> _Exercise_
Please find all lines in the data that hold the string "Hovedtotal" and copy them.

(Records from a data collection)
-- -- --

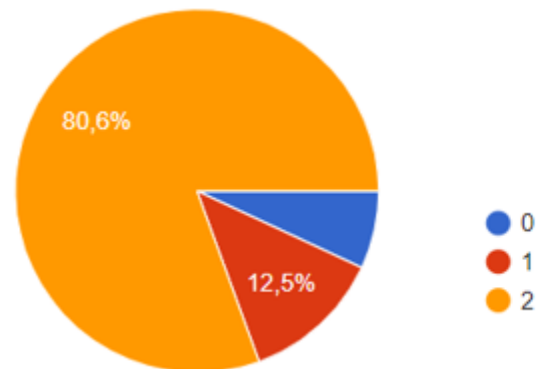

ANTAL TEERSDAGSMIX

Antal af Antal ønskede					
Teersdagsmix i løbet af en sæson? v					
Rækkemærkater v	0	1	2	(tom)	Hovedtotal
18 A-rækken	2	3	7		12
18 B-rækken	3	1	15		19
18 C-rækken		2	15		17
9 A-rækken		2	10		12
9 B-rækken		1	11		12
(tom)					
Hovedtotal	5	9	58		72

Hvor mange gange skal der, efter din mening, være Teersdagsmix i løbet af en sæson? (Teersdagsmix er en spilleform, hvor damebestyrelsen blander boldene, så man har mulighed for at spille med andre end dem man plejer)
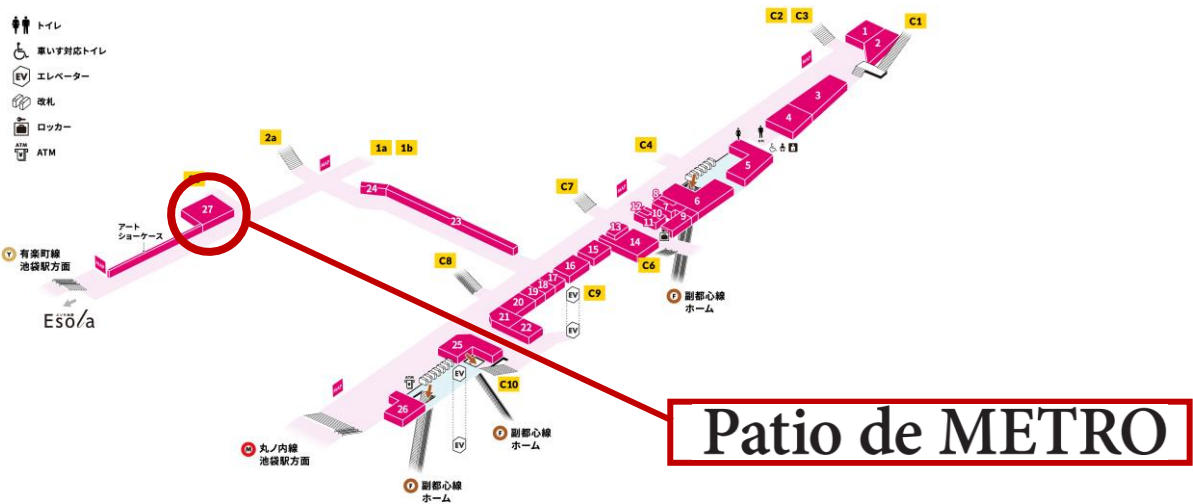

店舗情報

【店舗名】	「Patio de METRO Echika池袋店」
【業態】	カフェ
【営業時間】	9:00～21:30
【客席数】	57席
【公式HP】	https://www.metro-pro.jp/enterprise/retail/
【公式Instagram】	patio_de_metro_official

施設情報

■施設概要

施設名	: Echika(エチカ)池袋
所在地	: 〒171-0021 東京都豊島区西池袋3-28-14
URL	: エチカ池袋 | Echika (echika-echikafit.com)

■運営会社概要

会社名	: 株式会社メトロプロパティーズ
所在地	: 〒110-0015 東京都台東区東上野6-9-3 住友不動産上野ビル8号館 5F
会社設立	: 2006年4月3日
代表者	: 代表取締役社長 黒須 良行
事業内容	: 駅構内店舗・駅ビルの管理および運営、飲食店舗の直営事業等
運営施設	: Echika(表参道/池袋)、Echika fit(上野/東京/銀座/永田町)、Metro pia、Esola池袋、メトロ・エム(後楽園/高島平)
リテール事業	: [直営]Patio de METRO(カフェ)、そば処めとろ庵(そば/うどん)、Sweets De Metro(スイーツ) [F C]カレーショップC&C(カレー)、はなまるうどん(うどん)

取材・掲載に関するお問い合わせ先

株式会社メトロプロパティーズ 営業開発本部 営業第一部 営業推進担当 福田
〒110-0015 東京都台東区東上野6-9-3
TEL:03-5827-5838 / FAX:03-5827-5831 (平日10:00～17:00)

-- -- --

> _Task solution_
Rækkemærkater v	0	1	2	(tom)	Hovedtotal
Hovedtotal	5	9	58		72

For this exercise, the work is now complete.